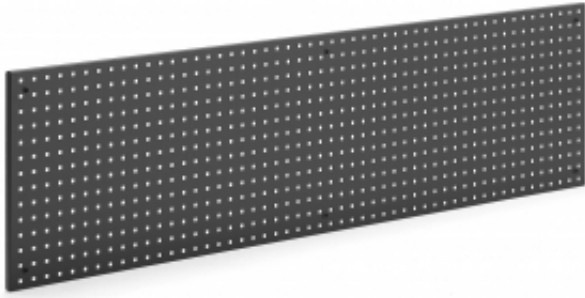

Link do produktu: <https://wyposazamyfirmy.pl/panel-narzedziowy-montowany-do-sciany-2000x540-mm-ciemnoszary-p-120331.html>

Panel Narzędziowy montowany Do ściany, 2000x540 Mm, Ciemnoszary

Cena brutto	466,17 zł
Cena netto	379,00 zł
Dostępność	Dostępny
Numer katalogowy	AJ_20951
Kod EAN	2
Producent	AJ

Opis produktu

Informacje o produkcie

Panel narzędziowy zamocowany nad lub obok stołu roboczego ułatwia przegląd oraz dostęp do narzędzi. Panele są niezwykle funkcjonalne i łatwo je dostosować do potrzeb. Wyposaż panel w haczyki i stwórz rozwiązanie ściśle dostosowane do potrzeb. Powierzchnia panelu posiada perforację, która ułatwia zawieszanie i przemieszczanie haczyków. Można zamontować pionowo i poziomo.

Panel narzędziowy zamocowany nad lub obok stołu roboczego ułatwia przegląd oraz dostęp do narzędzi. Panele są niezwykle funkcjonalne i łatwo je dostosować do potrzeb. Wyposaż panel w haczyki i stwórz rozwiązanie ściśle dostosowane do potrzeb. Powierzchnia panelu posiada perforację, która ułatwia zawieszanie i przemieszczanie haczyków. Można zamontować pionowo i poziomo.

Dokumenty

Wydrukuj kartę produktu

Specyfikacja produktu

- Wysokość:540 mm
- Szerokość:2000 mm
- Grubość stal:1,2 mm
- Perforacja otworów:9x9 mm
- Rozstaw otworów:38 mm
- Kolor:Ciemnoszary
- Kod koloru:NCS S7502-B
- Materiał:Stal
- Waga:14 kg
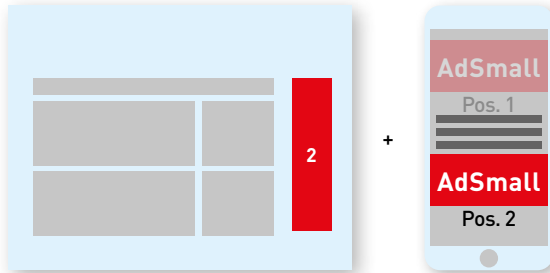

DIE WOCHENZEITUNGEN FÜR DEN NORDEN

www.ktv-medien.de

Online-Werbeformen:

Superbanner
inkl. AdSmall Pos. 1

Skyscraper
inkl. AdSmall Pos. 2

Banner = Abschlag - 50 %
inkl. AdSmall Pos. 3

Wallpaper = Aufschlag + 50 %
[Superbanner + Skyscraper]
inkl. AdSmall Pos. 1 + Pos. 2

Content Ad = Abschlag - 50 %
inkl. AdSmall
(nur Kleinanzeigen möglich)

Weitere Online-Werbeformen:

AdBig
= Aufschlag 10%

AnchorAd *fixiert am Fuß
= Aufschlag 15%

PosterAd = Aufschlag 20%

Das Poster Ad unterbricht den Content. Beim Runterscrollen taucht innerhalb des Contents das Poster Ad auf und verschwindet beim Weiterscrollen wieder aus dem sichtbaren Bereich.

www.moinmoin.de/verlag/preislisten

www.moinmoin.de

www.nf-palette.de

www.ihranzeiger.de

www.prima-wochenende.de

Werbeform	Format in Pixel (BxH)	Mobile-Banner	Format in Pixel (BxH)
1 : Superbanner	768 x 90	6 : AdSmall	320 x 140
2 : Skyscraper	160 x 600	7 : AdBig	320 x 250
3 : Banner	160 x 200	8 : AnchorAd (unten fixiert)	360 x 100
4 : Wallpaper	Banner + Skyscraper	9 : PosterAd (im Content fixiert)	320 x 590
5 : ContentAd	300 x 150

========

> **Task brief**
Pictures are to be left out; the lines from the start of the records above through the line holding "Informacje o produkcie" are to be returned exactly.

> **Answer space**
Link do produktu: <https://wyposazamyfirmy.pl/panel-narzedziowy-montowany-do-sciany-2000x540-mm-ciemnoszary-p-120331.html>

Panel Narzędziowy montowany Do ściany, 2000x540 Mm, Ciemnoszary

Cena brutto	466,17 zł
Cena netto	379,00 zł
Dostępność	Dostępny
Numer katalogowy	AJ_20951
Kod EAN	2
Producent	AJ

Opis produktu

Informacje o produkcie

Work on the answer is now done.